Posted on Wednesday, February 25th, 2009 by Hunter Stephenson
Earlier today, /Film’s Brendon Connelly reported on a new Matt Damon movie based loosely on a short story by one of the most important and precocious authors of all time, Philip K. Dick, and now, well, THIS. Columbia Pictures and producer Neal H. Moritz (I Am Legend, The Green Hornet, The Skulls III) have tossed Paul Verhoeven‘s Total Recall on the remake block under the pretense that today’s leaps in special effects will make it worthwhile. What, no 3D bait? No news on a director or writer. The original 1990 film starred Arnold Schwarzenegger and Sharon Stone and is regarded as an above-par and faithfully bonkers adaptation of the late sci-fi writer’s short story “We Can Remember It For You Wholesale.” We can still remember it pretty well via Netflix or Wikipedia, thanks anyway.
Set in 2084, Schwarzenegger’s highly quotable character finds himself entrapped in one of Dick’s proto-counterfeit unrealities after an implanted dream vacation to Mars causes an apparent schizoid break (or did it)? In typical Verhoeven fashion, the R-rated film doesn’t veer away from sexuality (look man, three boobs!) or violence, and proved to be a big hit for its time.

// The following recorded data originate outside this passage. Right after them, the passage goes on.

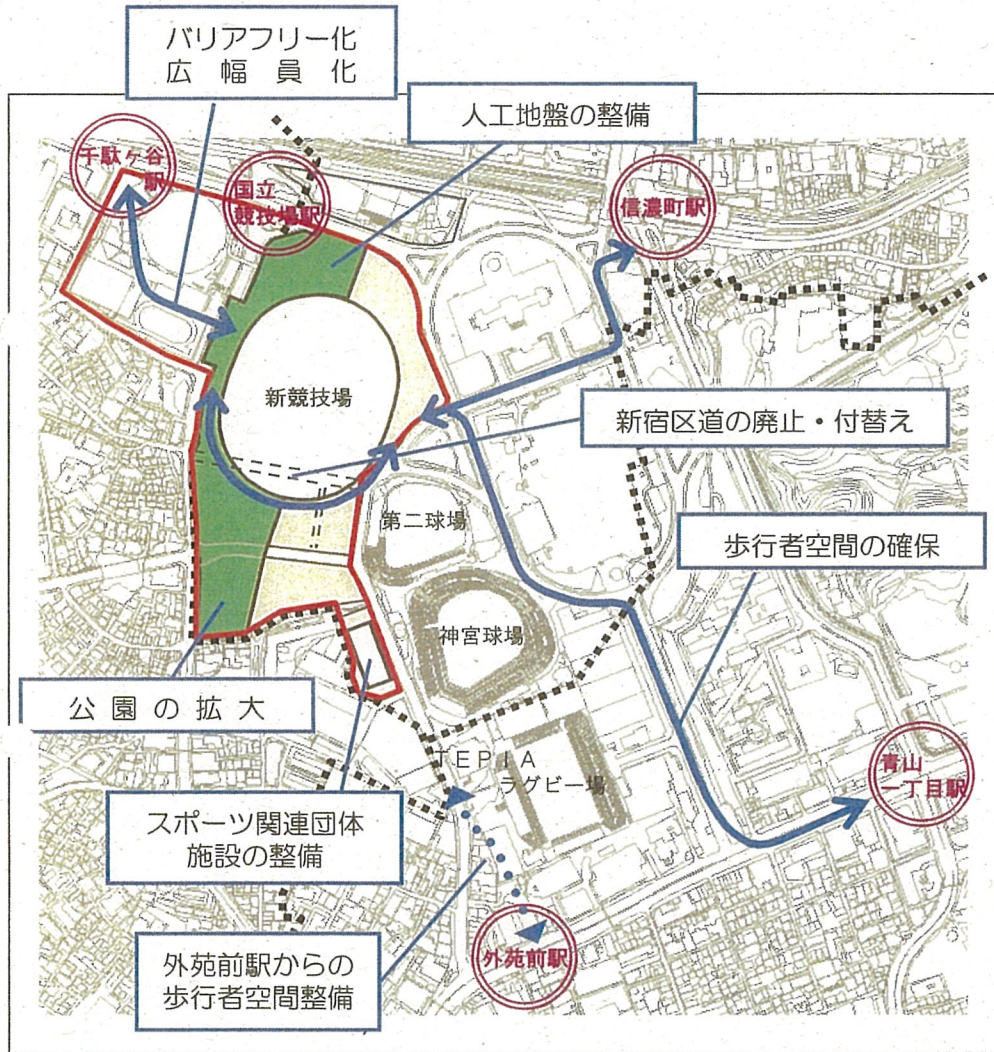

資料 1 ①

神宮外苑の再整備（案）

取扱注意

ラグビーW杯、オリンピック開催まで

オリンピック開催以降

主な課題

- NAASH・文科省による地元区 **非開示** への協力要請 ⇒ 国策として進めることが必要
- NAASH、日本青年館等管理棟の確保

So yeah, rehashing sci-fi that was already creatively successful and provocative is just the lowest of the low, and counterproductive to the what the genre and PKD—which Hollywood usually guts for brainless action exercises—adds to society, thought and culture. But there’s something dark, ironic and guiltily enjoyable about witnessing PKD’s previously adapted and chaotic works getting adapted again and again and again.
Update: /Film commenter, Octoberist, points out that Moritz’s production company is called Original Films. Oy vey.